HOW TO COMPLETE THIS TASK → Write out the material in full, matching each line exactly.

DATA RECORDS →
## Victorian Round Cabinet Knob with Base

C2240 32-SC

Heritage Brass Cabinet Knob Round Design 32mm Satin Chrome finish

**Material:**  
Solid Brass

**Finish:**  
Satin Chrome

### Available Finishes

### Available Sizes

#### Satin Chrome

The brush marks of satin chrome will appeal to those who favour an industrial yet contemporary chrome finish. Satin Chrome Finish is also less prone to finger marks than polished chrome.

ANSWER FOR THE TASK →
## Victorian Round Cabinet Knob with Base

C2240 32-SC

Heritage Brass Cabinet Knob Round Design 32mm Satin Chrome finish

**Material:**  
Solid Brass

**Finish:**  
Satin Chrome

### Available Finishes

### Available Sizes

#### Satin Chrome

The brush marks of satin chrome will appeal to those who favour an industrial yet contemporary chrome finish. Satin Chrome Finish is also less prone to finger marks than polished chrome.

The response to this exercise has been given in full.